With the Varonis platform deployed, file servers onboarded and the initial Full FileWalk completed, Varonis will immediately start gathering event information of which users are accessing files in each folder. This helps build a picture of who is regularly accessing individual folders, which Varonis can overlay with the folder permissions to recommend users who can be removed from the respective folder permissions due to inactivity. This event information is gathered for 120 days during the IDU Analytics Period and may be used in conjunction with the ‘last modified’ date to classify data as stale.
(NB either the ‘last modified’ or ‘last accessed’ date can be used as the sole metric to classify stale data if remediation is an urgent requirement, but event information enhances accuracy.)
Data Classification Scan Timescales
The final phase of interest, from a project management perspective, is DCE scanning. Most commonly, our customers are looking to locate files containing GDPR terms such as mobile phone numbers or personal email addresses; we have also built bespoke DCE rules to search for industry-specific terms. Whichever rules are in scope, it can take a while to complete DCE scans as there are usually terabytes of information to be scanned on production file servers and Varonis’s platform is designed to complete these scans without putting an adverse load on these servers. For instance, Varonis is expected to only demand a workload from a file server equivalent to 5 users opening, searching and closing files at a time, so very little.
We generally encourage a three-phased approach to conduct the data classification, to reduce the need to rerun scans while ensuring accuracy.
- Pilot Scan – an initial scan using the desired DCE Scan Rules and targeting a small area of the data repository with a representative cross-section of data classifications. This provides a baseline which can then be examined for false positives (and possible false negatives) and the rules then tuned.

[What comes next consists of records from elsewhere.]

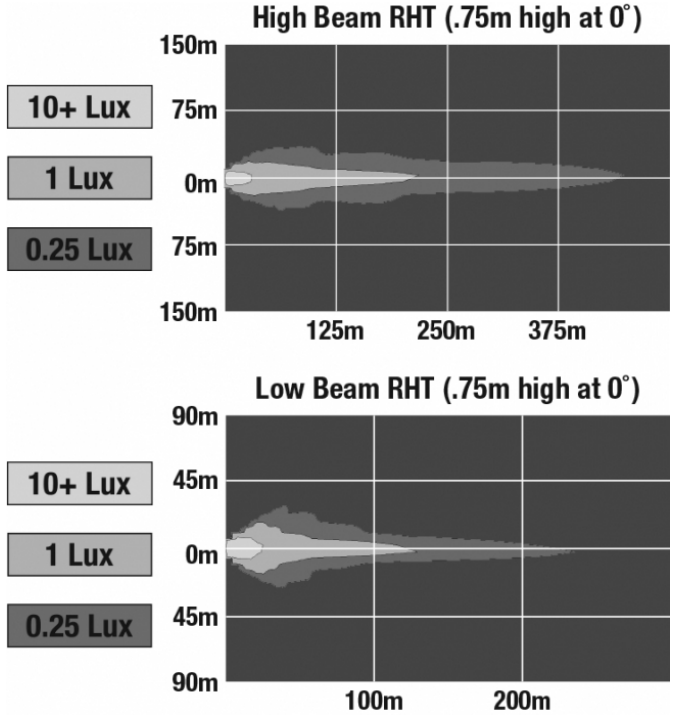

## PRODUCT INFORMATION

<b>Description</b>	12-24V ECE LED RHT High & Low Beam Headlight with Chrome Inner Bezel
<b>Height</b>	176.53 mm / 6.95 in
<b>Width</b>	176.53 mm / 6.95 in
<b>Depth</b>	99.82 mm / 3.93 in
<b>Shape</b>	Round
<b>Outer Lens Material</b>	Polycarbonate
<b>Outer Lens Color</b>	Clear
<b>Housing Material</b>	Die-Cast Aluminum
<b>Housing Color</b>	Black
<b>Bezel Color</b>	Chrome
<b>Retrofits</b>	2D1 "PAR56" or 7" round headlights
<b>Minimum Operating Temperature</b>	-40 °C / -40 °F
<b>Maximum Operating Temperature</b>	65 °C / 149 °F
<b>Connector or Wiring</b>	H4
<b>Mating Connector</b>	H4 AMP#172615-2
<b>Product Weight</b>	2.31 lbs / 1.05 kgs

## ELECTRICAL SPECIFICATIONS

---

<b>Input Voltage</b>	12-24V DC
<b>Operating Voltage</b>	9-32V DC
<b>Transient Spike Protection</b>	150V Peak @ 1 HZ-100 Pulses
<b>Black Wire</b>	Ground
<b>White Wire</b>	High Beam
<b>Yellow Wire</b>	Low Beam
<b>Current Draw</b>	3.00A @ 12V DC (High Beam) 2.00A @ 12V DC (Low Beam) 1.60A @ 24V DC (High Beam) 1.10A @ 24V DC (Low Beam)

## PHOTOMETRIC SPECIFICATIONS

<b>Raw Lumen Output</b>	2,610 (High Beam); 1,770 (Low Beam)
<b>Effective Lumen Output</b>	1,150 (High Beam); 750 (Low Beam)
<b>Candela Output</b>	60,897 (High Beam) 35,003 (Low Beam)
<b>Nominal LED Color Temperature</b>	5000 K
<b>Beam Pattern(s)</b>	Forward Lighting - High Beam (DOT/ECE) Forward Lighting - Low Beam (ECE Right Hand) Signalization - Front Position

- Beta Scan – this is where a larger area, typically one server, is scanned ,the results examined and the rules tuned further if necessary.

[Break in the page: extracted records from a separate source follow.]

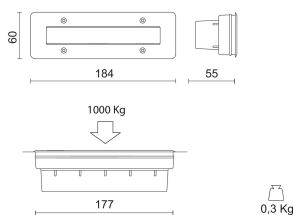

Stilled 3W 3000K CRI80

Design: Studio Tecnico Aria

IP 68 3mt IK 08

Product Code	Color
--------------	-------

1583180	
On demand	Yes

General specifications

Product type	Outdoor recessed
Mounting type	Wall - recessed
Mounting location	Wall
Indoor/Outdoor light	Outdoor
Description	Outdoor and indoor recessed LED fitting. Constant current Led driver (cod. 81-04020). Recessed housing included in the fitting.
Applications	Walls , Scenographic solutions , Pedestrian areas , Walkways , Footpaths , Exit ways

Lighting specifications

i Stated L.O.R. and delivered lumens values are related to standard beam angle versions

Lamp description	LED 300lm 3W 3000K CRI80
Nominal lumens on thermal regime (lm)	300
Watt source (W)	3
Color temperature (K)	3000
CRI	CRI 80
Lamp type	LED
Photobiological risk group	RG1
Diffuser	Screen in clear polycarbonate shockproof, hard-wearing

Physical specifications

Body	Inner and recessed housing in high resistant technopolymer
Mechanical load (kg)	1000
Gasket	Double EPDM
Screws	Stainless steel
Frame	Stainless steel

Electrical specifications

Driver availability	Separate
Driver mounting	Separate
Cable gland	PG7 for through-wiring

Optical specifications

Light distribution	Asymmetric
Emission	Direct
Aiming	Fixed

Weight and dimension

Length (mm)	184
Width (mm)	60
Recessed depth (mm)	55
Temperature max (°C)	55
Weight (Kg)	0.3
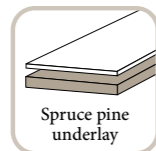

PRODUCT OVERVIEW

Formpark Quadrato

WOOD TYPE, COLOUR, STRUCTURE & SURFACE TREATMENT

Formpark Quadrato is available natural-oiled in the Oak and Smoked Oak colours, and in Oak Crema with the B-Protect® surface. All products are available in grade 14 without bevels nor brushing, thus creating an overall flat look.

DIMENSIONS

650 x 130 x 11 mm

TYPES OF INSTALLATION

Thanks to its 1:5 ratio, this format can be laid in various patterns. The generous formats provide a unique room effect.

YOUR BENEFITS

Formpark Quadrato is suitable for the classic favourite, the herringbone pattern, as well as for other creative laying patterns. It is available with the durable B-Protect® surface. The new Swiss-made format is also 100% healthy for living and Cradle to Cradle™ Bronze-certified.

GENERAL PRODUCT INFORMATION

Underlay

PRODUCT OVERVIEW

Formpark Rombico

WOOD TYPE, COLOUR, STRUCTURE & SURFACE TREATMENT

Formpark Rombico is offered in the popular Oak, Oak Farina and Oak Mandorla colours, grade 14, brushed and natural-oiled.

DIMENSIONS

735 x 130 x 9.5 mm

TYPES OF INSTALLATION

Thanks to its 45° angle, Formpark Rombico is ideal for laying parquet in a French herringbone pattern. The dynamic zig-zag pattern shines also with other individual patterns in a clear formal language.

YOUR BENEFITS

Formpark Rombico is suitable for the French herringbone, as well as other creative laying patterns. This product is made with utmost precision, the latest machinery and in unique Bauwerk quality. The product's precise fit makes perfect laying possible. The brushed surface gives the floor even more character, highlighting the interplay with light.

GENERAL PRODUCT INFORMATION

- Production Scan – this is the scan over the whole of the organisation.
It is difficult to predict time required for DCE scans, however, the Pilot and Beta Scans can be used to predict possible time scales, with resilience being built into the project plan accordingly. Potential factors affecting the DCE scan speed include data volume, Collector and File server performance, networking, and the quantity and types of rules and expressions.

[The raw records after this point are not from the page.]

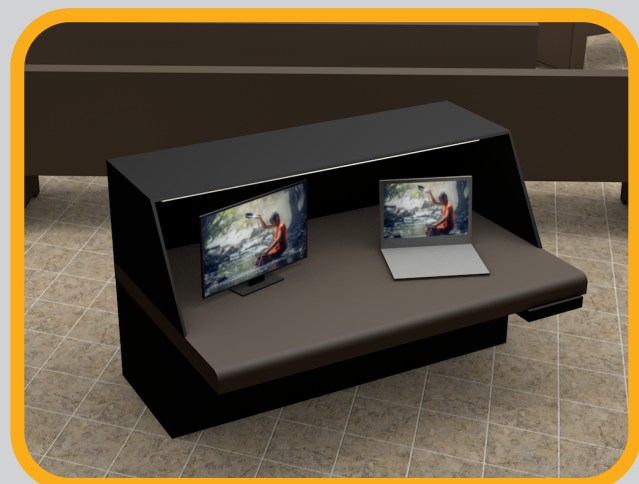

END-TO-END SOLUTION FOR HDMI 2.0 SWITCHING, EXTENSION AND DISTRIBUTION

Combine tvONE extension, switching and distribution solutions to create compact, interoperable and proven solutions. In this small House of Worship application tvONE reliably extends signals using Active Optical Cables, utilizing a compact 4-port switcher for source selection before distributing the signal to the audience for viewing through a projector and side monitors.

Simple to install, compact & easy to use...

With space at a premium the 1T-SX-654 HDMI auto-switch combined with a 4-port HDMI Distribution Amplifier takes up less space than 1RU of shelf space yet, offer the highest quality and simple operation.
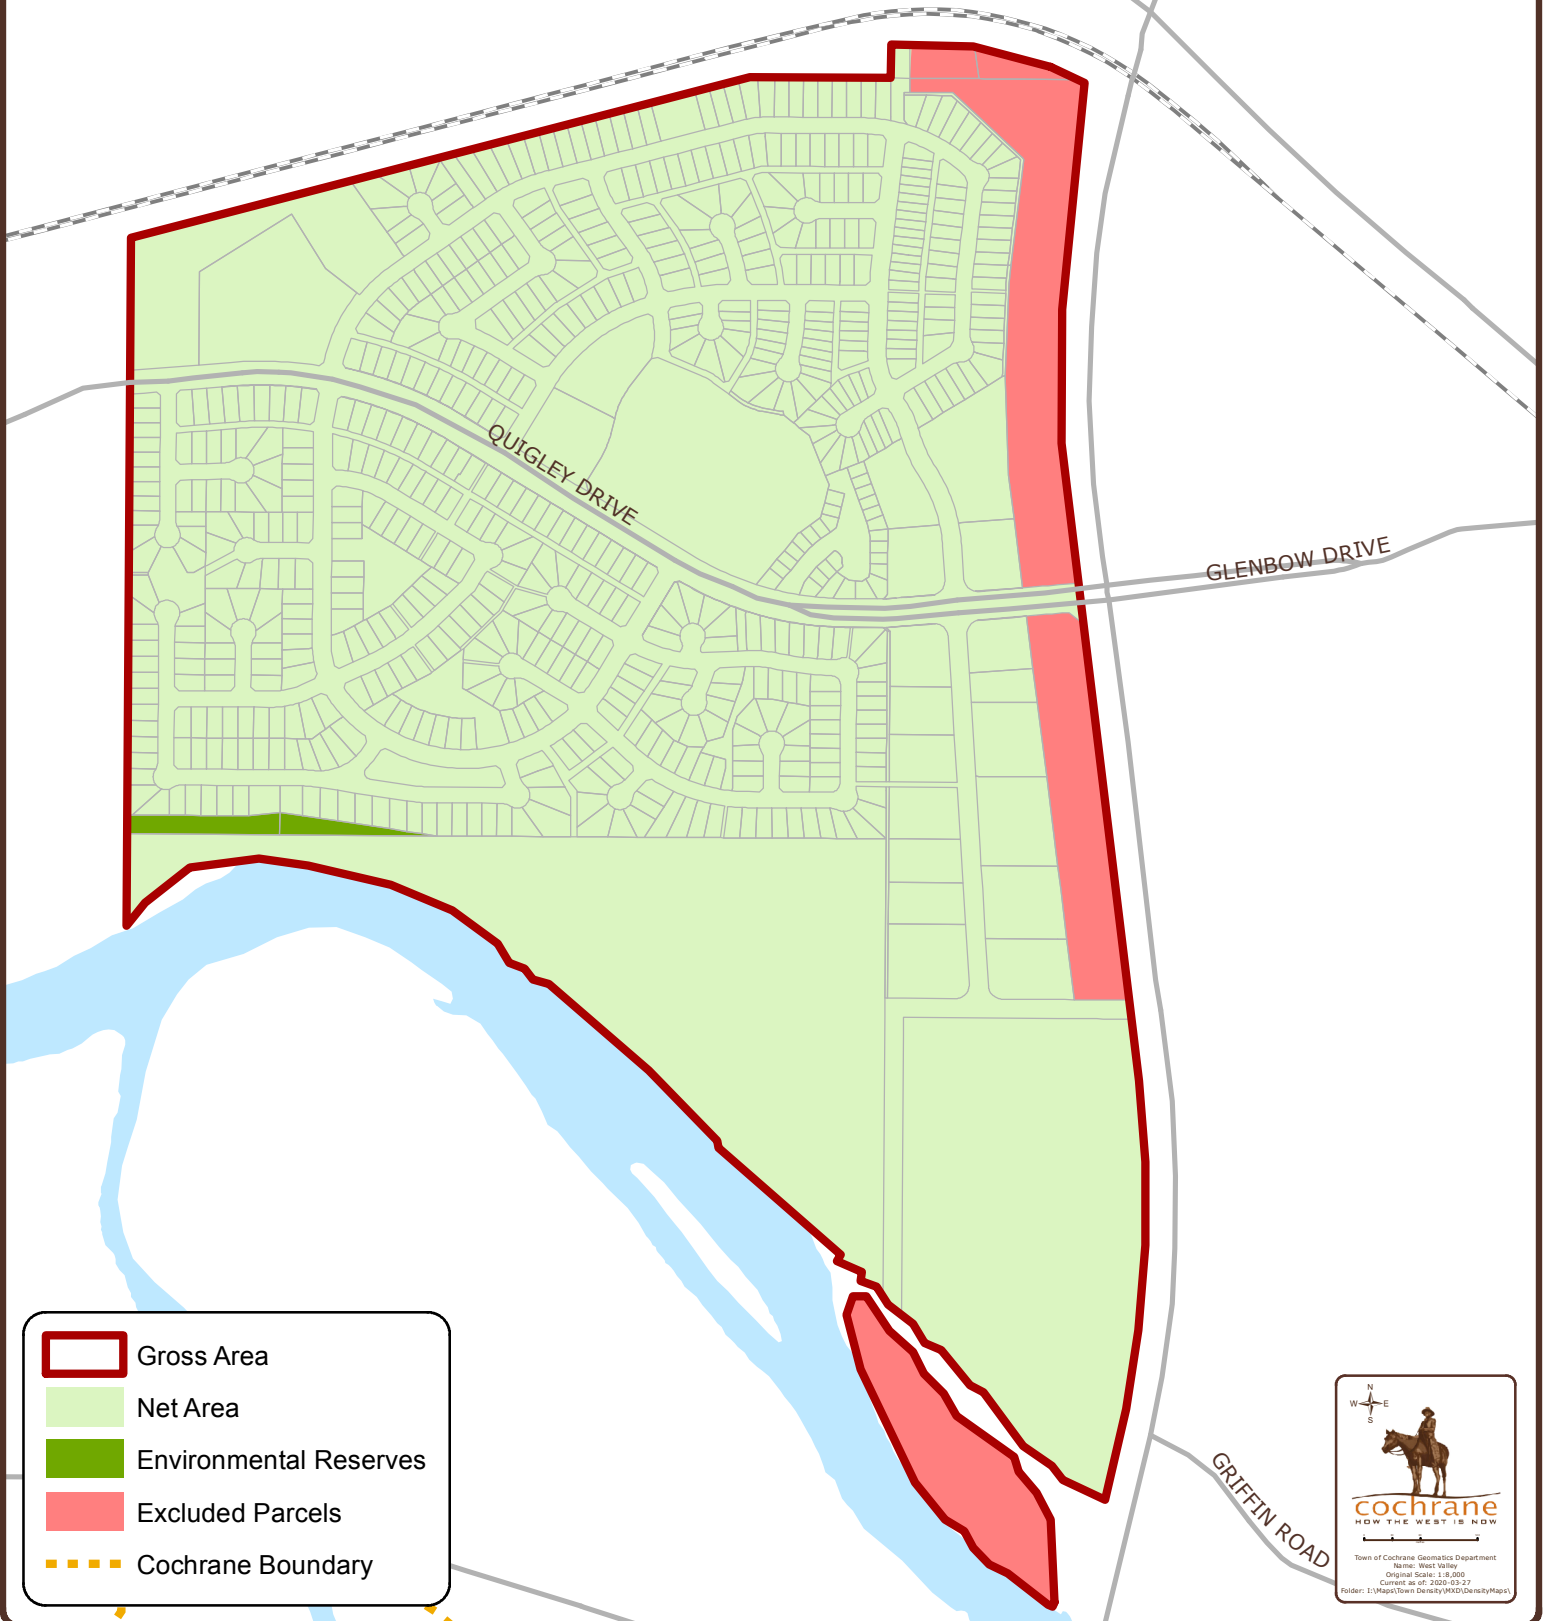

West Valley Unit Density

Community	Density Units/Acre	Density Units/Hectar	Policy Target Units/Acre
West Valley (2016)	3.40	8.40	6

- Gross Area
- Net Area
- Environmental Reserves
- Excluded Parcels
- Cochrane Boundary

cochrane
HOW THE WEST IS NOW

Town of Cochrane Geomatics Department
Name: West Valley
Original Scale: 1:18,000
Current as of: 2020-03-27
Folder: 1:\Maps\Town Density\WVD\Density\Map1

As outlined, the timescales and challenges to deploying Varonis at scale can vary depending on the Varonis modules involved, the desired use cases, and any specific idiosyncrasies in the customer’s IT environment. With a coherent project management approach and our experienced team, Somerford have been able to successfully deploy Varonis at several leading multinational organizations. Somerford are continuing to work with these customers to efficiently utilize Varonis’s functionality to gain better visibility of their exposure, remediate areas of risk, and improve the security of their data.